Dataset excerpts
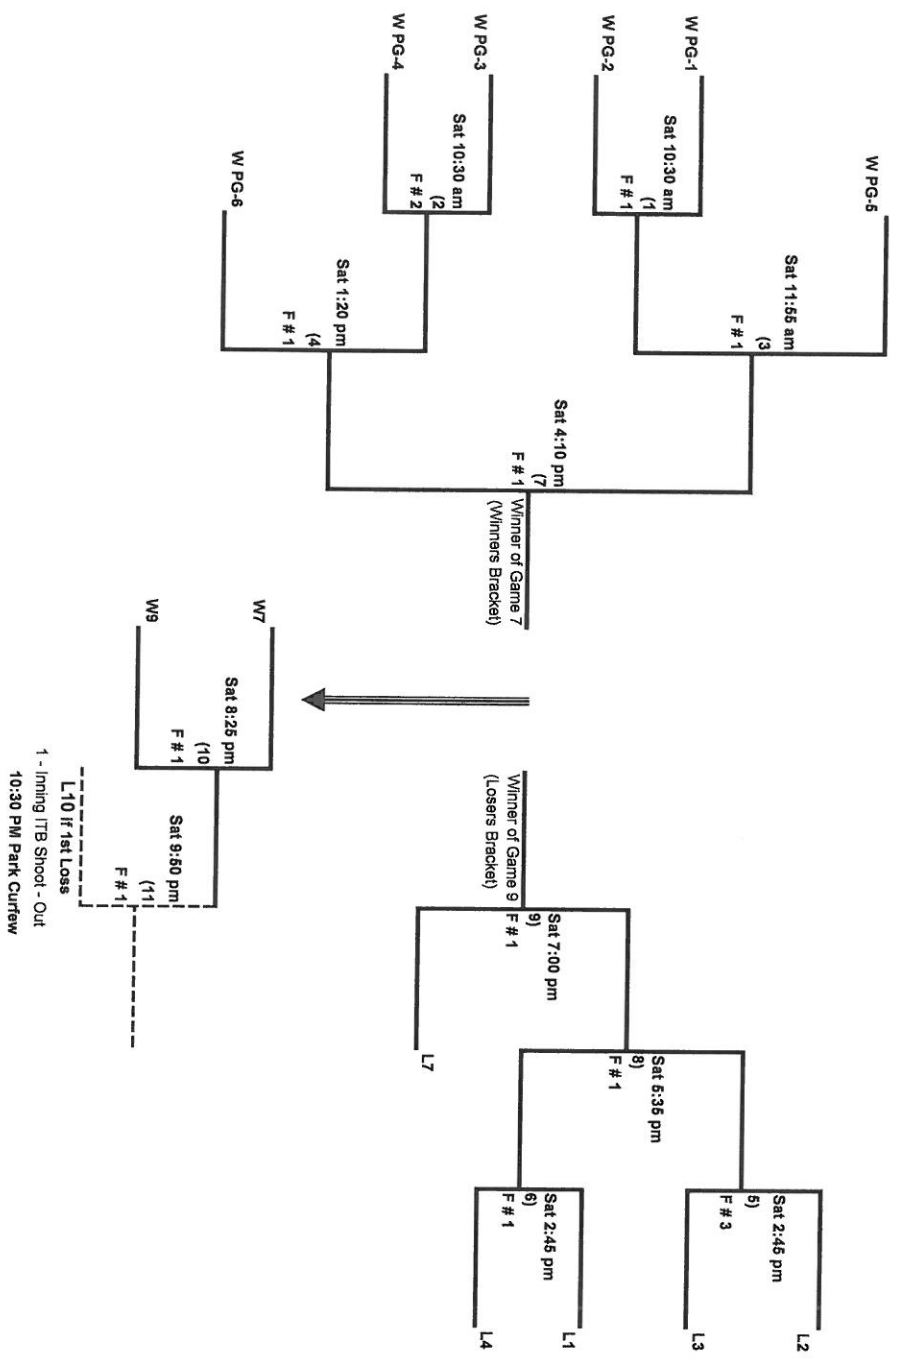

**MORTH GEORGIA ASA SOFTBALL
FALL BREAST CANCER AWARENESS**

**NOVEMBER 14 2015
Adams Park * Kennesaw, GA**

16 - Under "A" GOLD

YOUR INSTRUCTIONS
Could you print exactly the lines from the one containing "FALL BREAST CANCER AWARENESS**" through the last line of the records above?

ANSWER FOR THE TASK
FALL BREAST CANCER AWARENESS**

**NOVEMBER 14 2015
Adams Park * Kennesaw, GA**

16 - Under "A" GOLD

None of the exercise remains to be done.